Амат кивнул. Судья произвел вбрасывание, на этот раз Беньи не удалось выбить шайбу из зоны, но Амат все равно на полной скорости ринулся к воротам противника и остановился только возле противоположного борта. На трибунах раздался неодобрительный гул, прокатился презрительный смешок: «Ты что, заблудился? Шайба в другой стороне!» Но Амат смотрел только на Давида. Вратарь противника первым был у шайбы, последовало новое вбрасывание. Давид начертил в воздухе полукруг: «Еще разок».

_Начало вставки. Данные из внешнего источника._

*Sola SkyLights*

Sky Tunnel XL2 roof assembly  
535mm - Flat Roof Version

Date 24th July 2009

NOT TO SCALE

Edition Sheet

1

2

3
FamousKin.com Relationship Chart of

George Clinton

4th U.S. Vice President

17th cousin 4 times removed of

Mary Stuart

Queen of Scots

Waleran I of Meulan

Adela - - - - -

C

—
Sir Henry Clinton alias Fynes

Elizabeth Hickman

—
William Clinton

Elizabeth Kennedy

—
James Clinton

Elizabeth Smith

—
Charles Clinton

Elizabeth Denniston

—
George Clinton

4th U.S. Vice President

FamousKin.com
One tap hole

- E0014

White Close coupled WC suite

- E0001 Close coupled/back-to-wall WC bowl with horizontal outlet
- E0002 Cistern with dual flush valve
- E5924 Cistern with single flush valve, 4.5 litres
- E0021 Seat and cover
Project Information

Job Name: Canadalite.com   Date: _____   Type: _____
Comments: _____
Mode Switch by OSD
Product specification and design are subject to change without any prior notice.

Когда Амат в третий раз ринулся через всю площадку, шайба значения не имела, но кое-кто оценил его скорость и понял задумку. Тренер противника выхватил стопку бумаг из рук ассистента и проревел:
– Какого хрена?! Восемьдесят первый – это вообще кто?
Амат успел поднять взгляд на трибуну: Мая стояла на лестнице, ведущей из кафетерия, она его видела. Он ждал этого момента с тех пор, как пришел в первый класс, и вот он наступил. От этого Амат совершенно забылся и услышал, что Бубу его зовет, только когда подъехал к скамье запасных.
– АМАТ!
Бубу повис на борте и схватил его за футболку:
– Сделай вид, что едешь в центр, а потом вырвись на край!

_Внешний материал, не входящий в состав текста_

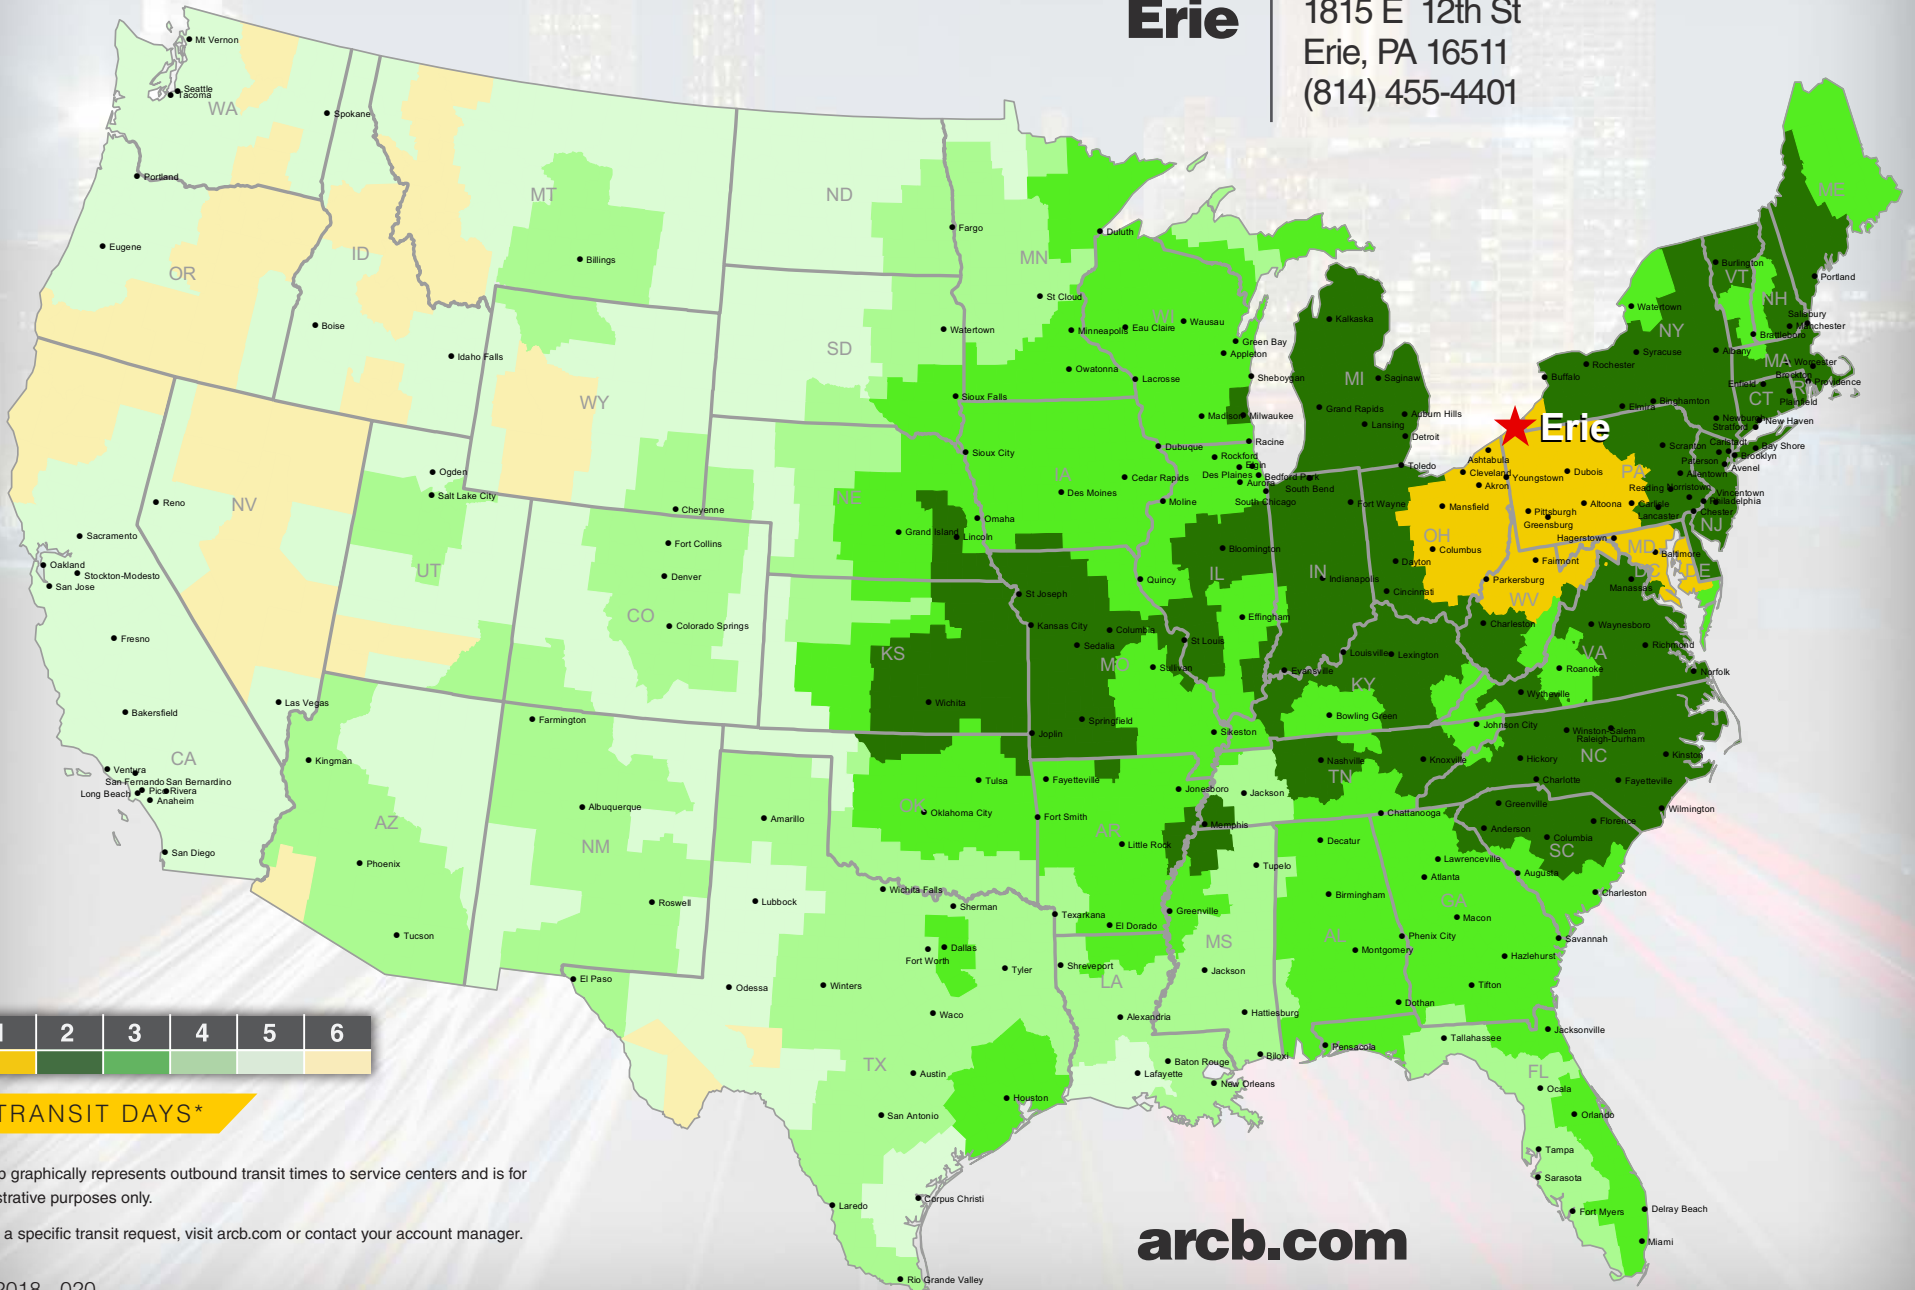

Erie

1815 E 12th St
Erie, PA 16511
(814) 455-4401

TRANSIT DAYS*

*Map graphically represents outbound transit times to service centers and is for illustrative purposes only.

For a specific transit request, visit arcb.com or contact your account manager.
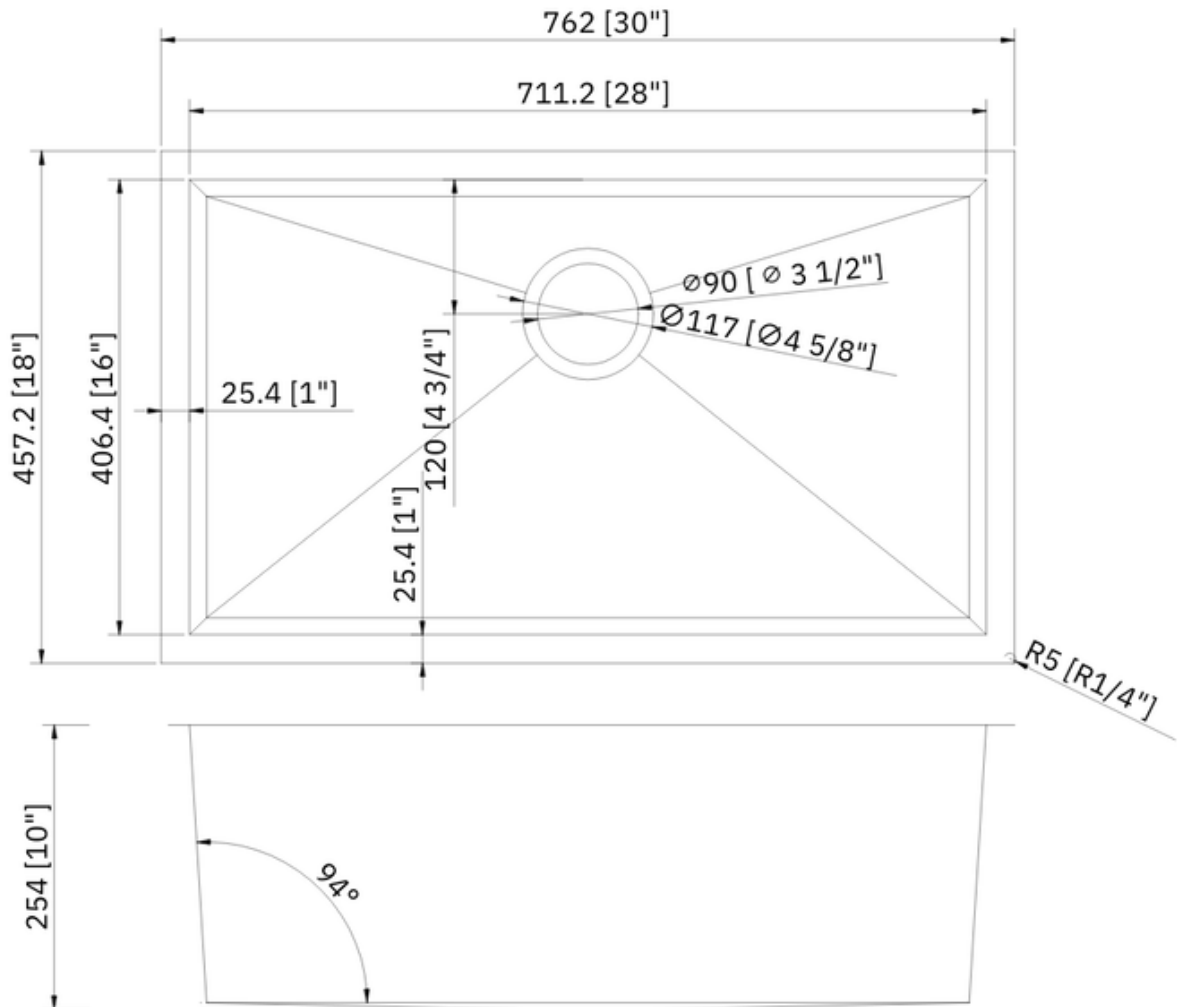

PL-HA109 R0 *Handmade Series* Stainless Steel Sink

Features

- Single Bowl
- Handcrafted Corners
- Fitted Sound Deadening Pads
- Creases at the Bottom
Promote Quick Draining
- Deep 10" Bowl Depth

Material

- 16-Gauge Stainless Steel
- 18-Gauge Stainless Steel

Installation

- Undermount

6140 Ulmerton Road Clearwater, FL 33760

Phone: (727) 388-9895

Fax: (727) 362-1281

For the most current Specification Sheet, go to www.pelicansinks.com

PL-HA109 R0

Handmade Series
Stainless Steel Sink

Technical Information

All product dimensions are nominal

Exterior Measurements: 30" x 18" x 10"

Interior Measurements: 28" x 16" x 10"

Bowl Configuration: Single

Они встретились глазами на долю секунды, и этого было достаточно, чтобы Амат увидел, как много отдал бы Бубу за то, чтобы сейчас оказаться на льду. Амат кивнул, и они хлопнули друг друга по шлемам. Мая так и стояла на лестнице. На следующем вбрасывании Кевин и Беньи покатались около круга, затем остановились, наклонившись к Амату.
– Ну что, цыпленок, лапки устали? – ухмыльнулся Кевин.

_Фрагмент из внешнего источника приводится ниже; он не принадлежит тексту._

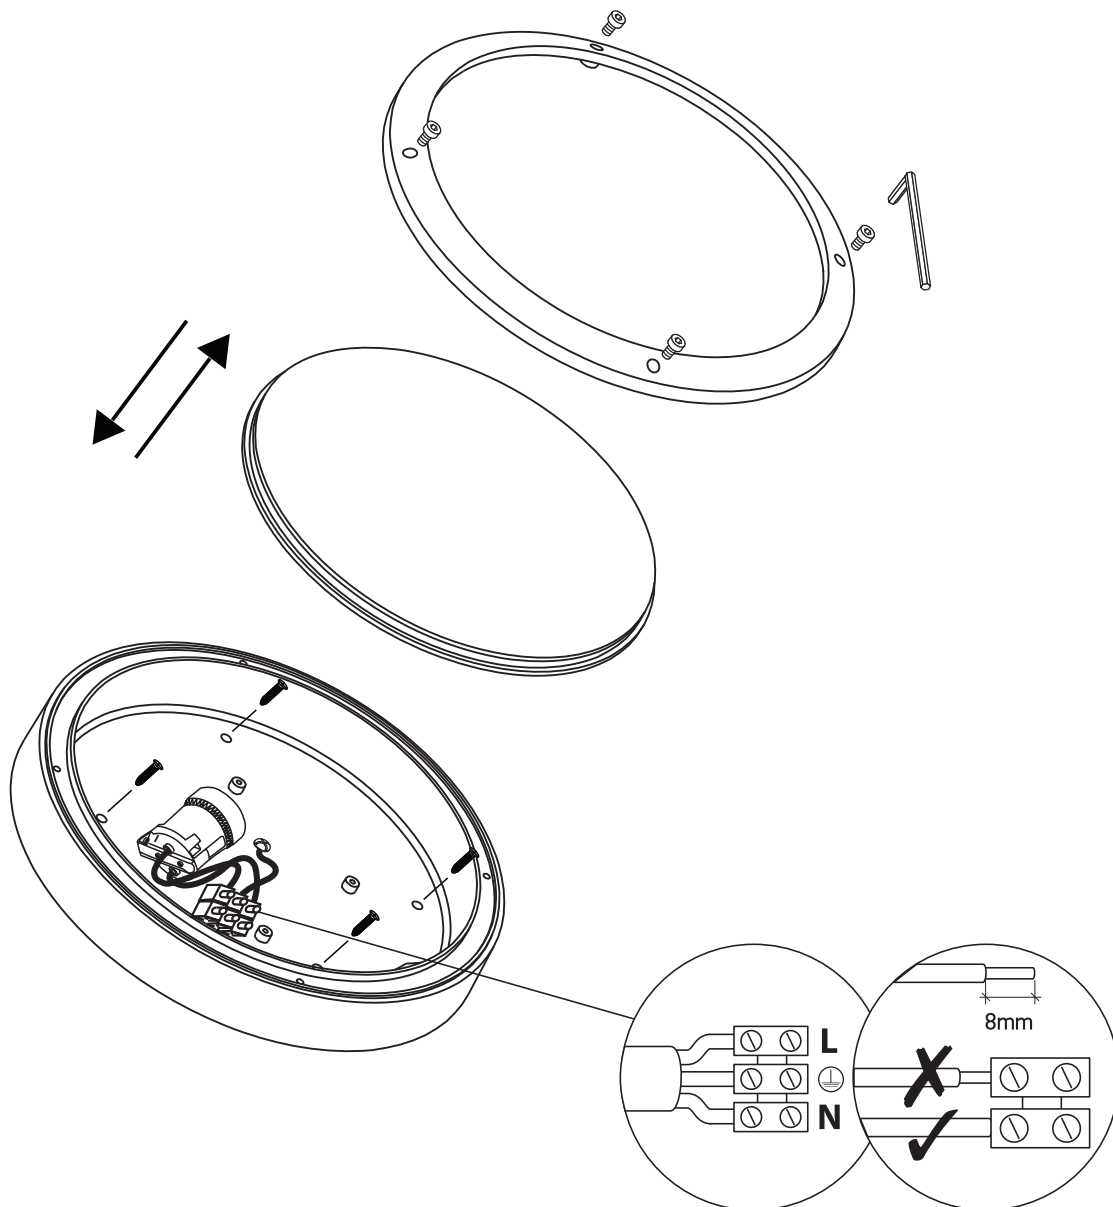

INSTALLATION MANUAL

67204

100-240V | E27 | 20W | IP54 | Die cast

Warnings:

1. Make sure that the product is installed properly before connecting to electricity.
2. Do not cover the fitting.
3. Maintenance and installation should only be carried out by a professional electrician.
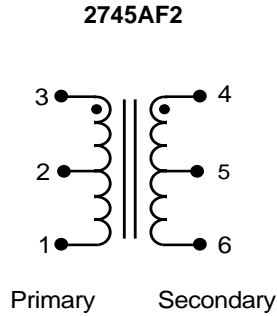

HIGH FREQUENCY MAGNETICS

T1/E1 Single Through Hole Transformers

SCHEMATICS
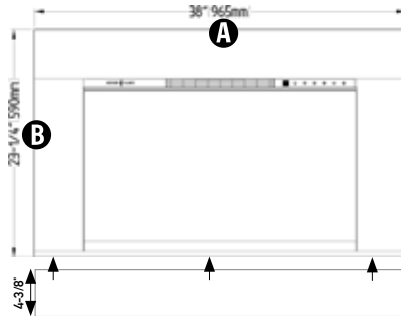

RS-3021 - Small Surround

	Model	A	B	Width	Part Number
SMALL SURROUND	RS-3021	38"	23-1/4"	5"	TK-RS30-3824 - Surround
	RS-3021	38"	27-5/8"	5"	with Bottom Riser
LARGE SURROUND	RS-3021	44"	26-1/4"	8"	TK-RS30-4427 - Surround
	RS-3021	44"	33-5/8"	8"	with Bottom Riser
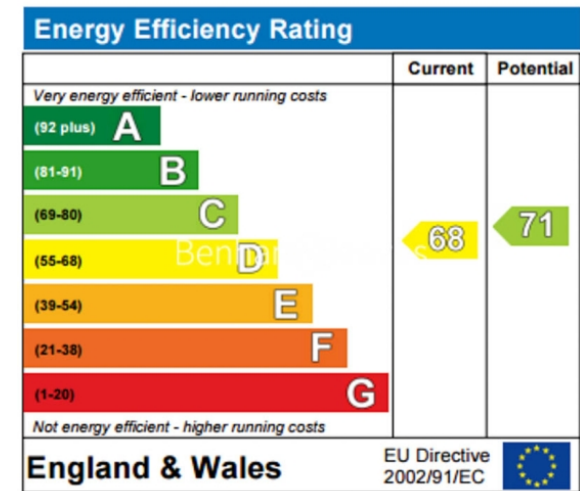

London branches open six days a week Mon - Sat

Canary Wharf | City | Colindale | Dartmouth Park | Ealing | Fulham
Hammersmith | Hampstead | Highgate | Hyde Park | Kensington | Kew
Knightsbridge | Nine Elms | Shoreditch | Southall | Surrey Quays
Wapping | Wembley | White City | Woolwich

International offices

China | Hong Kong SAR | India | Indonesia | Qatar | Malaysia | Middle East | Pakistan
Singapore | South Africa | Thailand | Turkey

Benham & Reeves

– Дай пас, и увидишь, – ответил Амат, и глаза у него налились кровью.
На этот раз Кевин не упустил бы шайбу, даже если бы руки у него за спиной были связаны, а к виску приставлен пистолет. Беньи принял шайбу и погнал вдоль борта – завтра утром он не сможет подняться с кровати, но в тот момент он не чувствовал ничего, он уложил двух противников одной левой. Амат сделал обманный маневр, перехватил шайбу и просвистел мимо защитника так быстро, что даже двое игроков, которые пасли Кевина, оставили номер девять и погнались за восемьдесят первым. А бьорнстадцам только это и было нужно. Кто-то огрел Амата клюшкой по предплечью, боль была такая, будто ему отрубили запястье, но он успел уйти в угол и проехать за воротами. На все про все у него остался один вздох: он поднял глаза, увидел, что Кевин прижал клюшку ко льду и сделал бросок в тот момент, когда его повалили на лед. У Кевина появился зазор в два сантиметра – ему хватило бы и одного.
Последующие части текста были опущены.